Brazilian meatpackers Minerva and Marfrig have issued conflicting statements regarding the termination of a contract for the sale of three beef plants in Uruguay, Reuters has reported.

Marfrig said in a September 1 securities filing that it had decided to terminate the agreement, signed in August 2023, because contractual conditions were not met within the agreed period.

In a separate filing, Minerva stated that it considers the contract to remain in force and will continue seeking competition clearance to complete the deal.

Marfrig confirmed that operations at the three plants are continuing as normal.

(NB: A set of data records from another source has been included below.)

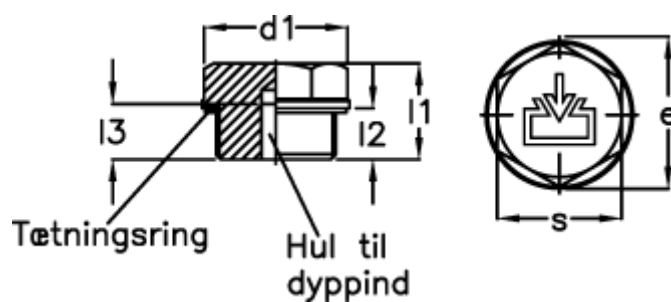

# Data Sheet

Article number: 20245525

Description: E+G

Threaded plug GN 742-22-M16x1,5-ES-1

## Measures

---

$d1 = 22$

$d2 = M16x1,5$

$d4 = M5$

$e = 20.8$

$l1 = 15.5$

$l2 = 8.0$

Former CICB president dies

The Centre for the Brazilian Tanning Industry (CICB) has announced the passing of Wolfgang Goerlich, former chairman of the board and executive president of CICB, and

former president of the International Council of Tanners (ICT).

Mr Goerlich held several leadership roles in the leather sector. He was elected president of ICT in 2010, while serving as president of CICB.

CICB noted his contribution to the Brazilian tanning industry and to the wider leather value chain.

AFRICA

South Africa: Handbag course could upskill shoemakers

TheeThekwini Footwear and Leather Cluster has hosted its first handbag-making course, supported by The South African Footwear and Leather Export Council (SAFLEC), describing it as “an exciting step towards product diversification and export growth”.

Over two weeks, representatives from 16 companies were taught “Italian bag-making techniques”, aiming to help footwear manufacturers create new leather products, and upskilling local leathergoods makers.

SAFLEC director Nerisha Jairaj commented in an editorial that the initiative supports the goal of creating a more resilient and versatile industry.

OCEANIA

Australian beef exports hit record August as sheepmeat falls

Australian beef exports reached 135,571 tonnes in August, up 11% year-on-year (YoY) and the largest August volume on record, according to MLA Global Supply Analyst Tim Jackson.

The US remained the top market at 40,754 tonnes, while China rose 47% to 22,323 tonnes and South Korea 22% to 21,495 tonnes. Canada saw the largest increase, up 145% to 6,001 tonnes.

Grassfed beef exports climbed 9% YoY to 97,286 tonnes, and grainfed rose 16% to 38,284 tonnes.

Sheepmeat exports fell, with lamb down 25% YoY to 22,471 tonnes and mutton down 33% to 12,642 tonnes. Lamb to China rose 30%, while mutton fell 62%.

Goatmeat exports rose 20% to 4,975 tonnes, with 2025 year-to-date volumes up 20% to a record 37,769 tonnes.